Sometimes a job isn't bad; it's just the wrong thing for you. Or it was the right thing until stagnation kicked in.
That's what happened to freelance writer and content strategist Kayla Albert. After working in the same role for several years in her hometown of Denver, she realized it was time to move on.
"One Monday morning, I woke up hoping I was sick just so I wouldn't have to go into the office," Albert said. "That's when it became clear I needed to make a change."
Luckily, she was already doing freelance work on the side, so she began to focus more of her energy there in order to plan a transition.
"I wanted to have close to one year's salary saved before making the leap," she said. "It helped ease my mind as much as possible."
Albert decided she'd be able to save enough to quit in three months, which the freelance work helped her do. And it didn't take up so much of her time that she couldn't have a life. Between her full-time work and freelancing, she was clocking a reasonable 45 to 47 hours per week.
She also told her network outside her immediate workplace about the upcoming change. This move is not only a good idea for building new clients; it also can help you follow through on your plans. Albert's network helped her stay on track and remain strong.
For aspiring solopreneurs, Albert suggested a focus on preparation.
"Start planning now," she said. "Even if you think tackling your dream is five years into the future, setting aside the money now will allow you to take the leap when you know it's time instead of muscling through a not-so-great work situation."
It's been more than a year since Albert took the leap, and she's already outpaced her previous salary by eight to 10 percent. Even better, she works 25 hours per week instead of 40. For someone seeking a better work-life balance, it's the ultimate gain.
Another strategy that helped Albert was opening a business checking account so she could keep her business earnings separate and pay herself a salary. This move made it easier to budget the way she did when she had a full-time job. And the budgeting is even better now that her income is on the rise.
Speaking of muscling through a not-so-great work situation, what happens if your job is taking over your life? When this happened to financial writer Kali Hawlk, she knew it was time to leave.
"Your work is clearly important — but it shouldn't run your life," she said. "And it certainly shouldn't make you miserable ALL the time."
Hawlk practices what she preaches in terms of taking risks for happiness. While she was working toward her goal of self-employment, she picked up her Southern roots and fulfilled her dream of moving to Boston.
Now she loves her work life and home life equally, as she's able to work for herself and then go out and enjoy her adopted city.
Hawlk's biggest focus as she made the transition was building her business to a reasonable size before taking the leap. Doing so provided some assurance that the business plan was sound and the success was replicable.
And all that extra work paid off when it led her to a big enough client base that she could go full time on her own.

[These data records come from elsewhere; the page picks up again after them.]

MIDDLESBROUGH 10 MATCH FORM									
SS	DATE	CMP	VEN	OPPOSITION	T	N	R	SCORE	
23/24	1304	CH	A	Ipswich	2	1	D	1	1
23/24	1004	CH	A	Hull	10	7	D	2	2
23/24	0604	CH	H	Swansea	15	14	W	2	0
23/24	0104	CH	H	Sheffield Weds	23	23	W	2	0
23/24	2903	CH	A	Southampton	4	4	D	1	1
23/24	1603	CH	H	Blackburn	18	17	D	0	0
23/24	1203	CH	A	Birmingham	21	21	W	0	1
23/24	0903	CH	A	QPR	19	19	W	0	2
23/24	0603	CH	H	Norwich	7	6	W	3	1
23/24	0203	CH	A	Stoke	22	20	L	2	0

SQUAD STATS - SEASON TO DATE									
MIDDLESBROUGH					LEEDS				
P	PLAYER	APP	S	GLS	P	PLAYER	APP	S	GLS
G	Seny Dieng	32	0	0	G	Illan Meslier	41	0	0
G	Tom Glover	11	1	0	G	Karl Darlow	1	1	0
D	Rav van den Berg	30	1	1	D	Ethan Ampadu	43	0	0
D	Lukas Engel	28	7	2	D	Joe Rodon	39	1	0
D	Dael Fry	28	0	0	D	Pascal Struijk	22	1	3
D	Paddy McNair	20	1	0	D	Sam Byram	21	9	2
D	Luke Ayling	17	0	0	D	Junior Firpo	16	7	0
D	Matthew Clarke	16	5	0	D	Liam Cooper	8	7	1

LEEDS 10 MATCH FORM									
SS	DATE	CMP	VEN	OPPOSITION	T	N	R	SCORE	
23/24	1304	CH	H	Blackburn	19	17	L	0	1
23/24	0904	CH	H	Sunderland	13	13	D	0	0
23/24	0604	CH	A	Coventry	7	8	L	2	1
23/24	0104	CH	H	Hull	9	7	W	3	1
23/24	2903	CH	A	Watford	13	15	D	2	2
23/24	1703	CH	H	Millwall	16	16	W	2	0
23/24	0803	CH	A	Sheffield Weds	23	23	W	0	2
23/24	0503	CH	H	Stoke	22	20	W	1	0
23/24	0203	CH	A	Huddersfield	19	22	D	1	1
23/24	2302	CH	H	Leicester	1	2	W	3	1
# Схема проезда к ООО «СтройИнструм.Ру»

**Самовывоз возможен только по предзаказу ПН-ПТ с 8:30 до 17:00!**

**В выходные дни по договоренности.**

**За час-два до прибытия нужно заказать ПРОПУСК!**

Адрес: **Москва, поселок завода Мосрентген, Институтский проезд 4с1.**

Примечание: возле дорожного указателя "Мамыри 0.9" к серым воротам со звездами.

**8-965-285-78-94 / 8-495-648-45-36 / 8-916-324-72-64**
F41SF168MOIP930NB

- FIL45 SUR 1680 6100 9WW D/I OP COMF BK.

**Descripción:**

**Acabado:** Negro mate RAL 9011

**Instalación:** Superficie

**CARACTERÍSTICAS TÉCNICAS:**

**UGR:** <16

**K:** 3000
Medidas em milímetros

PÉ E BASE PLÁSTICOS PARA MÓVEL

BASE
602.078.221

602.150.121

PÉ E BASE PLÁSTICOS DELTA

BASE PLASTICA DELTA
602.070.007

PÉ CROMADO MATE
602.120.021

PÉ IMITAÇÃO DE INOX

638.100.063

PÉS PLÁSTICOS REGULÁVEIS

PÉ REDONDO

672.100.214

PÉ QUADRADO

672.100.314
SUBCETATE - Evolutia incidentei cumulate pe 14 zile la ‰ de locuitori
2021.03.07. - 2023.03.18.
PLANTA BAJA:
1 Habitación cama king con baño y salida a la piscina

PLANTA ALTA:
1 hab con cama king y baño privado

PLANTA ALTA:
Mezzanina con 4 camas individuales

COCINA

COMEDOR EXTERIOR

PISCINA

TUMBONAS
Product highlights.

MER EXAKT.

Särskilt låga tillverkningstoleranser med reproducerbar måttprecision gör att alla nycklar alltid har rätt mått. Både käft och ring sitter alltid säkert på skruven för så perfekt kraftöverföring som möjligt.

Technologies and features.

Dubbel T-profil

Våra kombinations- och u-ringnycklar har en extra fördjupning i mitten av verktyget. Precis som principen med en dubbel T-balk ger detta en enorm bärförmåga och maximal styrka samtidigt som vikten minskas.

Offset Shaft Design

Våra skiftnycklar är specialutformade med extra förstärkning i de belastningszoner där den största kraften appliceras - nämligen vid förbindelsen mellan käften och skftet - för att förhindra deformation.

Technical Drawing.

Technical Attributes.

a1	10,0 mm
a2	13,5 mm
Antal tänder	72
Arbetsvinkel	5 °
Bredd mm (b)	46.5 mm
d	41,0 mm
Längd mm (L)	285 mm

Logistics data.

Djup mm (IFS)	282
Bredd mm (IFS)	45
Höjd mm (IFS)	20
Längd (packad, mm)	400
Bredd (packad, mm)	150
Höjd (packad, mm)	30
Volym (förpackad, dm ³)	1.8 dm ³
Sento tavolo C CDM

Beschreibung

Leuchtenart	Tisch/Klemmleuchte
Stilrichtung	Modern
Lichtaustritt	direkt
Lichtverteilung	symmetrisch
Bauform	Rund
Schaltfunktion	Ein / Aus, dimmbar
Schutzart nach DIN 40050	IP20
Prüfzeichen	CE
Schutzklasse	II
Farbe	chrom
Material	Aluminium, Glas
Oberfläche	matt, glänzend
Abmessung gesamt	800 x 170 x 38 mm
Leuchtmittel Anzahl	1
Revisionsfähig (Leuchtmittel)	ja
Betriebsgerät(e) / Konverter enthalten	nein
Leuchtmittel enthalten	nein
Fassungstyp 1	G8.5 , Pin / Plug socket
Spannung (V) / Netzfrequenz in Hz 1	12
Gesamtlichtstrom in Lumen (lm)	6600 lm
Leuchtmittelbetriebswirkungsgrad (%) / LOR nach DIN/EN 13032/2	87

"I wanted to earn at least twice as much from my own business as I earned from my job — to account for things like expenses, taxes, etc. — and I wanted to do that for at least three months in a row before I felt comfortable enough to go back out on my own," she said.
As Hawlk thinks about her progress from working full time to building a business of her own, she's pleased with how well things are going. She has not only fulfilled her dream of becoming her own boss, but she's also earning enough to do it in the city of her dreams.
Now that's turning an unhappy scenario into a win.
Unhappiness is one reason to leave a job, but so is the moment you realize you might have what it takes to start your own venture. When Careful Cents owner Carrie Smith Nicholson had that realization, everything changed.
"I didn't set out to quit my job and be my own boss, but after spending two years with my blogging side hustle, I could see the potential to take it full time," she said.
Like Albert and Hawlk, Smith Nicholson wasn't going to leave before her finances were ready. She wanted to save $10,000 first — a number she came to after adding up her monthly expenses. But when she hit $8,000, a family member experienced a health issue that made her realize she was close enough. So she put in her notice.
Four years later, Smith Nicholson's business is booming. She's already doubled her previous income and is on track to triple it. What's more, she's turning her business success into a way to help others do the same. Her blog, which used to be focused on personal finance, now helps others achieve their entrepreneurial dreams.
By helping people achieve freedom from the cubicle, Smith Nicholson is living a life of happiness and giving.
But she encouraged those who want to do the same to be practical: "My advice is to have a solid business plan in place. How are you going to make money? Does this revenue model fit into the kind of lifestyle you want to create?"
If you don't answer those questions honestly, you might end up having to go back to a regular job. A little planning — both for the business and your finances — can go a long way to ensure the sustainability of your dream.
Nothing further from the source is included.